We also announced that we are exploring a joint venture with Oklo focused on deconversion services for HALEU, which currently does not exist commercially and will strengthen our position in the HALEU market. This demonstrates our commitment to leading the domestic fuel cycle, and we look forward to updating the market when we have more to share. Operationally, we made strong progress in our workforce additions in both Piketon and Oak Ridge. These jobs span engineers, assembly technicians, maintenance technicians, enrichment operators, lab technicians, project management, and project controls. Our Senior Vice President of Field Operations, Patrick Brown, and team have also made great progress on our other operational targets. In the first quarter, we finalized contracts with approximately 1/3 of the partners we deemed critical while the team entered into the conceptual engineering design phase of the first CFC package.
Therefore, we are reaffirming our 2026 annual guidance for finalizing contracts with 100% of the partners we deem critical. Total CapEx in the range of $350 million-$500 million. Release of a Certified-for-Construction package and at least 100 net new employee hires at our Oak Ridge facility. Simultaneously, given the strength of our first quarter and commercial progress, including conversations around potential new enrichment offtake contracts, we are raising our 2026 annual guidance for revenue to a range of $450 million-$500 million from $425 million-$475 million. Our Piketon workforce additions from over 50 net new employees to over 100 net new employees. This was a very successful quarter for the company across all fronts.
I will now turn the call over to Todd and return with some final thoughts and comments. Todd?
Thank you, Amir, and good morning to everyone on today's call. Let me first walk you through our results before providing more details on some of what Amir discussed. Our results were in line with our internal projections and reflected not only the typical quarter-over-quarter shift in contractual mix, but also the beginning of spend for our manufacturing program. As noted on last quarter's call, I will be presenting financials on a quarterly and trailing twelve-month basis. Furthermore, we are introducing adjusted net income and adjusted earnings per share to our reported financials to better reflect and differentiate the ongoing business results from our cost of expansion. Total revenue for the first quarter was $76.7 million, an increase of $3.6 million or 5% versus the same period last year. TTM revenue was $452.3 million.

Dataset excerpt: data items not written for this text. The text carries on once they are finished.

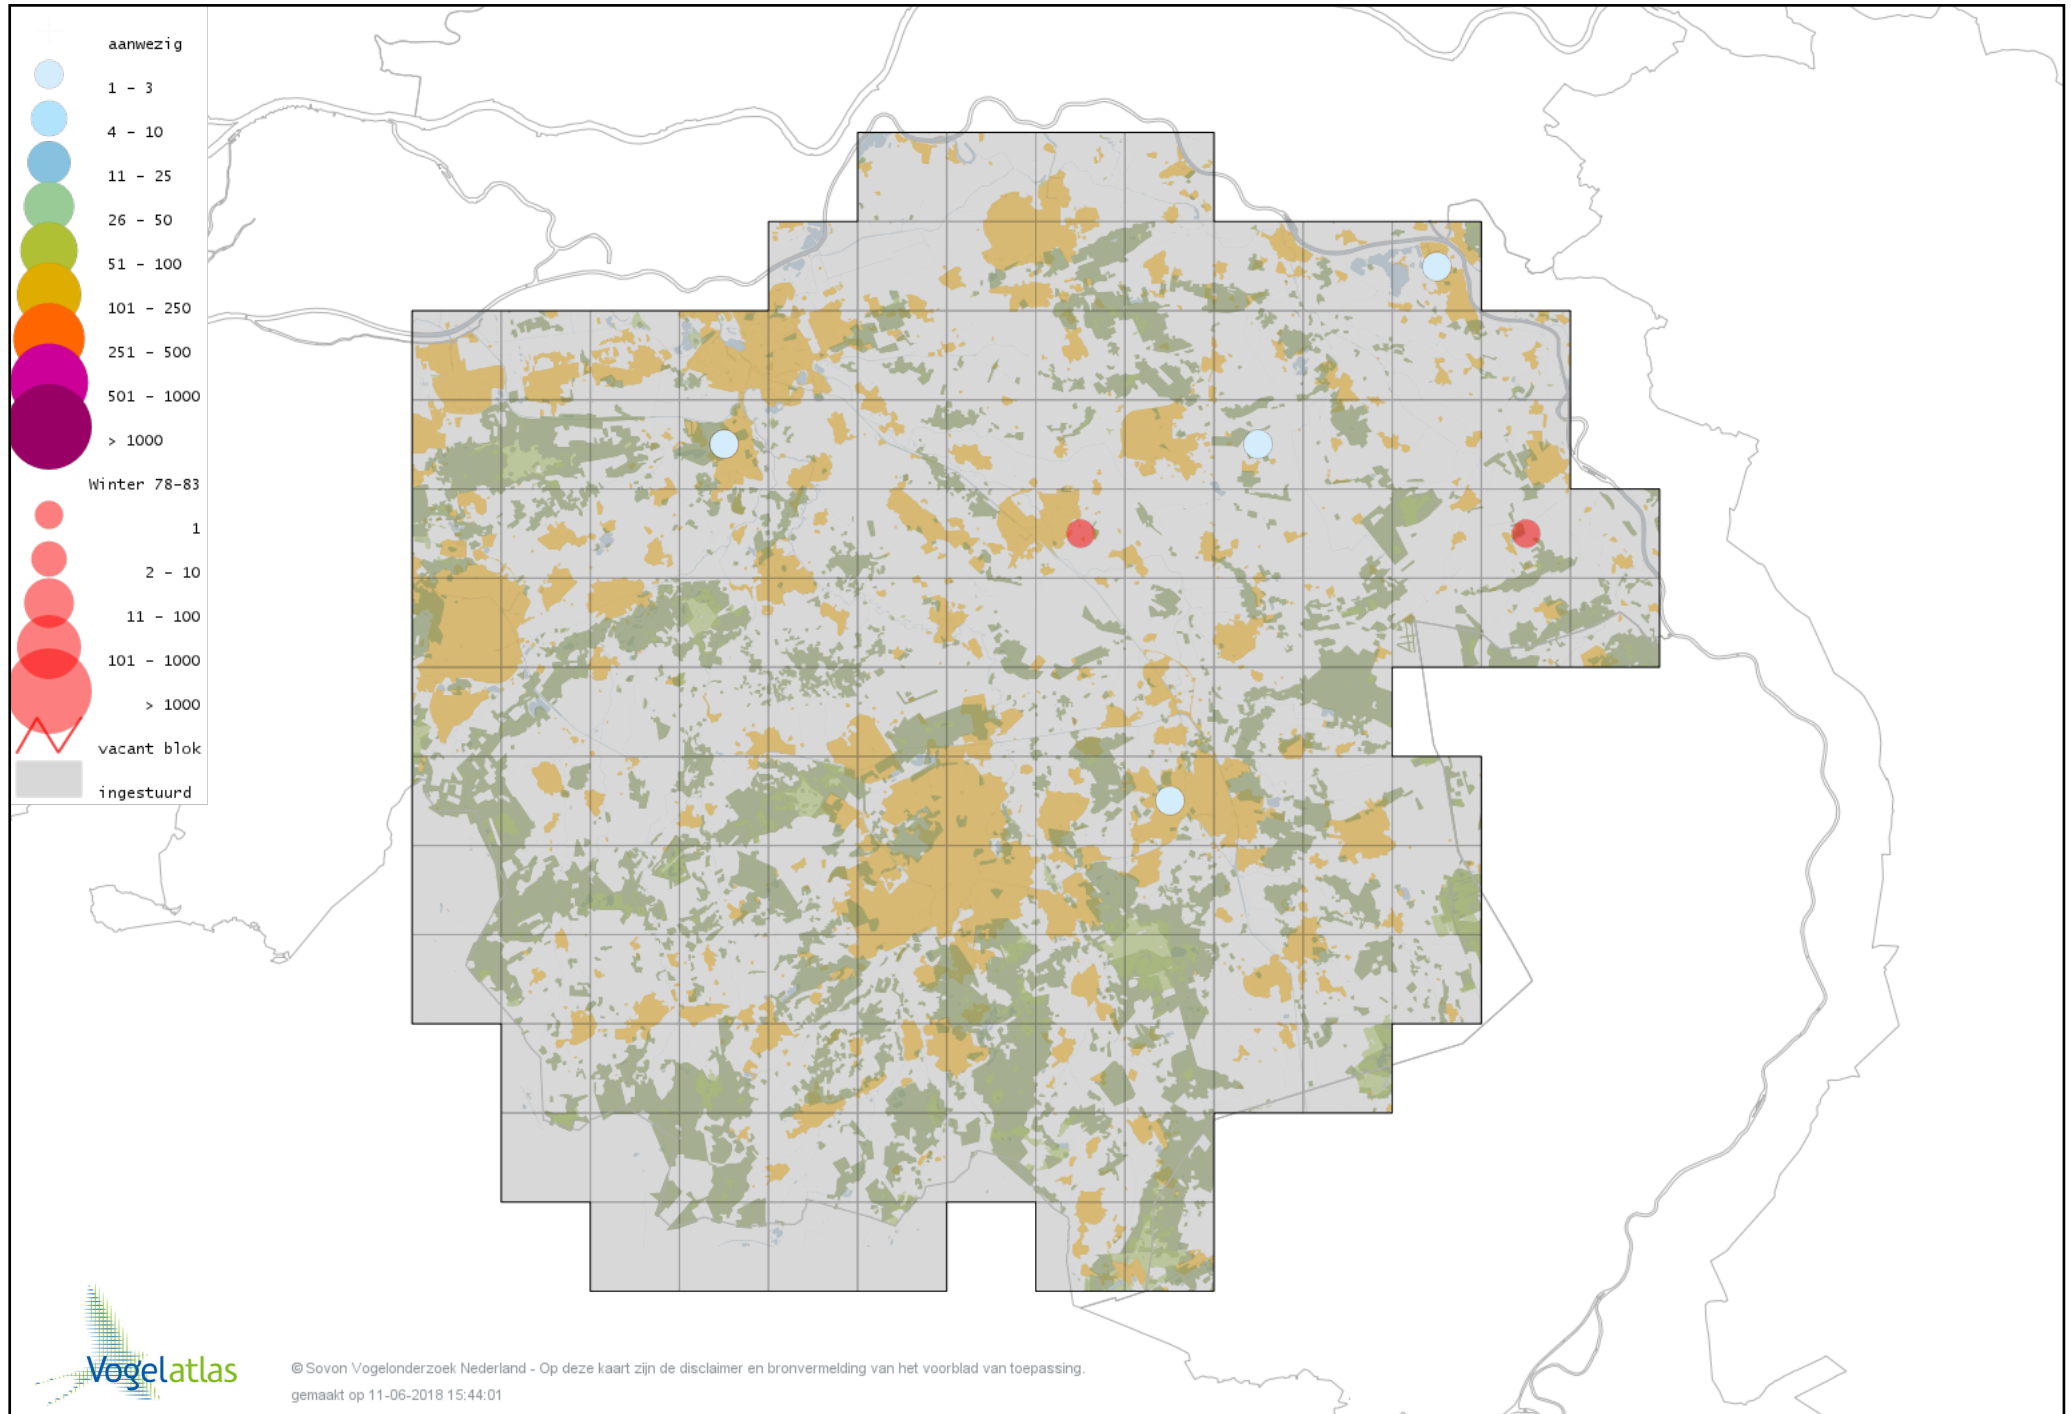

Voorlopige verspreidingskaart Casarca winter

Voorlopige verspreidingskaart Kaapse Casarca winter

Voorlopige verspreidingskaart Bergeend winter

Voorlopige verspreidingskaart Krooneend winter

Voorlopige verspreidingskaart Peposaca-eend winter

Voorlopige verspreidingskaart Tafeleend winter

Voorlopige verspreidingskaart Witoogend winter

Voorlopige verspreidingskaart Kuifeend winter

Voorlopige verspreidingskaart Kuifeend x Tafeleend winter

Voorlopige verspreidingskaart Kuifeend x Witoogend winter

Voorlopige verspreidingskaart Topper winter

Voorlopige verspreidingskaart Muskuseend winter

Voorlopige verspreidingskaart Carolina-eend winter

Voorlopige verspreidingskaart Mandarijneend winter

Voorlopige verspreidingskaart Rosse Stekelstaart winter

Voorlopige verspreidingskaart Eider winter

Voorlopige verspreidingskaart Zwarte Zee-eend winter

Voorlopige verspreidingskaart Grote Zee-eend winter

Voorlopige verspreidingskaart Nonnetje winter

Voorlopige verspreidingskaart Brilduiker winter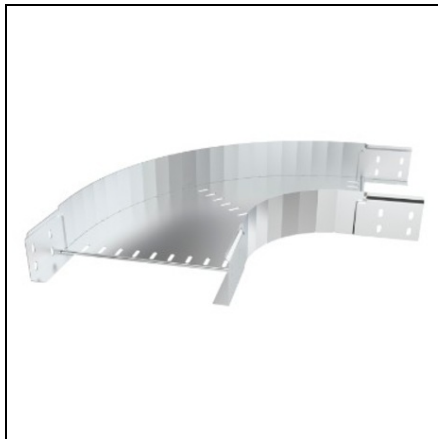

**GEWISS CURVE 90° - BRN80 - WIDTH 305MM - RADIUS 150° -
FINITURA Z275**

Finisare - Z275
Lăţimea (mm) - 305
Greutate (Kg) - 2.35
Ware number - 72169110
Pret: 0,00 lei (TVA inclus)

Detalii online: <https://www.materialeelectrice.ro/curve-900-brn80-width-305mm-radius-1500-finitura-z275-219936>

The LEU segment generated $44.6 million in the first quarter, a 13% decrease versus the previous period last year. SWU revenue in the quarter decreased by $9.7 million due to a 47% decrease in volume of SWU sold, partially offset by a 52% increase in the average price of SWU sold. Centrus also had $3 million of uranium sales in Q1. The technical solutions segment delivered revenue of $32.1 million in the third quarter, a $10.3 million or 47% increase over the previous period, due primarily to a $9.8 million increase in revenue from the HALEU operations contract. Centrus generated gross profit of $31.5 million and $116.1 million for the first quarter in TTM, respectively, compared to a gross profit of $32.9 million in Q1 2025.
The LEU segment's first quarter cost of sales decreased by 17% or $3.4 million due to the 47% decrease in SWU volume, partially offset by a 45% increase in the average cost of SWU sold versus Q1 2025. Technical solutions cost of sales increased $8.4 million or 42% from Q1 2025, primarily attributable to the HALEU operations contract. The company generated net income of $10 million and $23.5 million of adjusted net income in the first quarter, compared to net income of $27.2 million and adjusted net income of $28.6 million, respectively in Q1 2025.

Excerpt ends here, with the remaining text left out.